Work request: I'd like the data beneath this line reproduced exactly, without any of its images.

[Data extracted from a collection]
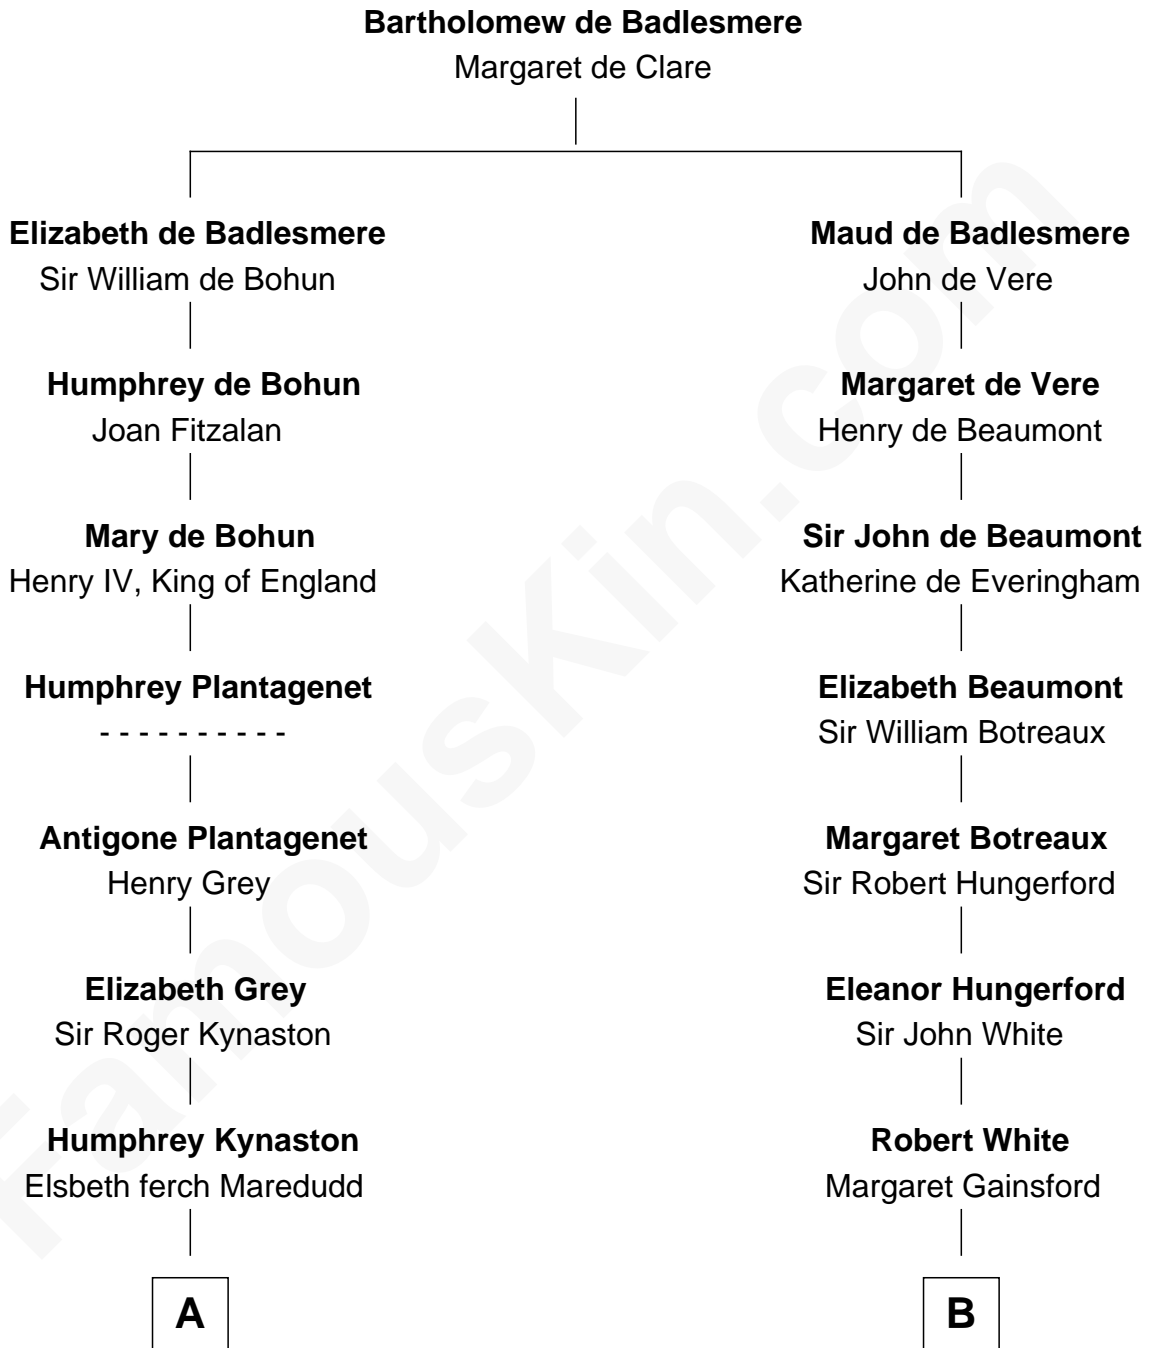

**FamousKin.com**  
**Relationship Chart of**  
**Christopher Reeve**  
*Movie Actor*

18th cousin 3 times removed of  
**Guillermo Billinghurst**  
*31st President of Peru*

**C**

**Sarah Wyatt Carpenter**  
Richard Henry Reeve

**Augustus Henry Reeve**  
Margaretta Willis Baldwin

**Richard Henry Reeve**  
Anne Conrad D'Olier

**Franklin D'Olier Reeve**  
Barbara Pitney Lamb

**Christopher Reeve**  
*Movie Actor*

**D**

**Guillermo Eugenio Billinghurst**  
Belisaria Angulo

**Guillermo Billinghurst**  
*31st President of Peru*

FamousKin.com

Response to this task:
**FamousKin.com**  
**Relationship Chart of**  
**Christopher Reeve**  
*Movie Actor*

18th cousin 3 times removed of  
**Guillermo Billinghurst**  
*31st President of Peru*

**C**

**Sarah Wyatt Carpenter**  
Richard Henry Reeve

**Augustus Henry Reeve**  
Margaretta Willis Baldwin

**Richard Henry Reeve**  
Anne Conrad D'Olier

**Franklin D'Olier Reeve**  
Barbara Pitney Lamb

**Christopher Reeve**  
*Movie Actor*

**D**

**Guillermo Eugenio Billinghurst**  
Belisaria Angulo

**Guillermo Billinghurst**  
*31st President of Peru*

FamousKin.com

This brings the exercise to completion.